The historical reality is a much more textured one. There were actually many women contributing to the technical side of the bomb — not just as Calutron operators, either, but as physicists, chemists, biologists, and mathematicians, among other scientific specialities. One of the most overlooked books on the history of the bomb is Ruth H. Howes and Caroline L. Herzenberg’s Their Day in the Sun: Women and the Manhattan Project (Temple University Press, 1999), and it chronicles the lives of many of the women who worked on the project. Along with their stories of individual lives, they also dig into the numbers:

In September 1943, some sixty women worked in the Technical Area at Los Alamos. By October 1944, about 30 percent, or 200 members of the labor force in the Tech Area, the hospital, and the schools were women. Of these, twenty could be described as scientists and fifty as technicians. Fifteen women worked as nurses, twenty-five as teachers, and seventy as secretaries or clerks.
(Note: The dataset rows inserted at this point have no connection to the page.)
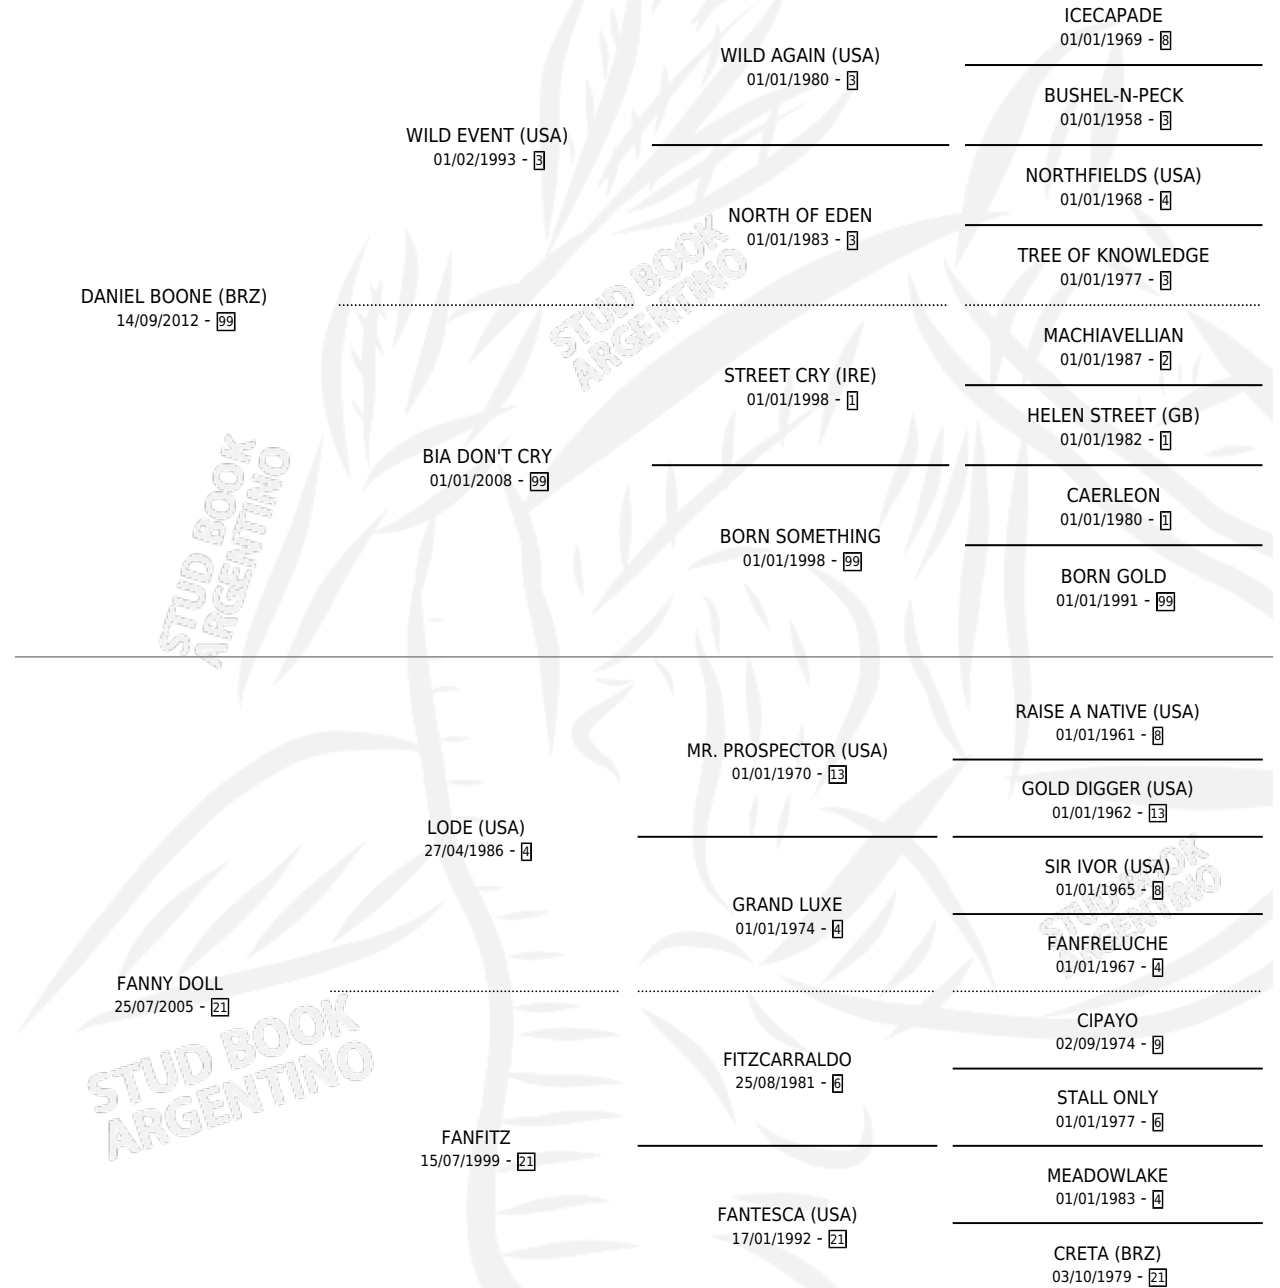

FANTASTIC BOONE

por DANIEL BOONE (BRZ) y FANNY DOLL por LODE (USA)

Argentina · Macho · Zaino · SP · 20/07/2018
Familia 21 · Volumen 43

ESTADO

TIPIFICACIÓN SANGUÍNEA	X
TIPIFICACIÓN POR ADN	✓
PASAPORTE	✓
IDENTIFICACIÓN POR MICROCHIP	✓
REPRODUCTOR	X

Lugar de nacimiento: Santa Maria De Araras

Criador: Santa Maria De Araras

PEDIGREE

CAMPAÑA

Solo carreras oficiales de Argentina

POR EDAD

EDAD	CC	1°	2°	3°	4°	5°	NP	CLC	CLG	CLCG1	CLGG1	IMPORTE	GANANCIA / CC
3 AÑOS	1	0	0	0	0	0	1	0	0	0	0	\$0	\$0
4 AÑOS	2	0	0	0	0	1	1	0	0	0	0	\$17,000	\$8,500
TOTALES	3	0	0	0	0	1	2	0	0	0	0	\$17,000	\$5,667
%		0.0%	0.0%	0.0%	0.0%	33.3%	66.7%	0.0%	0.0%	0.0%	0.0%

Although many women’s precise job titles at Los Alamos remain unknown, rough numbers show about twenty-five of them working on chemistry and metallurgy, twenty on bomb engineering, sixteen on theoretical physics, four on experimental physics, eight on ordnance, and four on explosives. Two women worked with Enrico Fermi, who had moved to Los Alamos when it opened in 1943. These numbers are given by divisional assignment instead of by job title, so a few of these women may have held clerical jobs, but it’s clear that most of them were scientists or technicians.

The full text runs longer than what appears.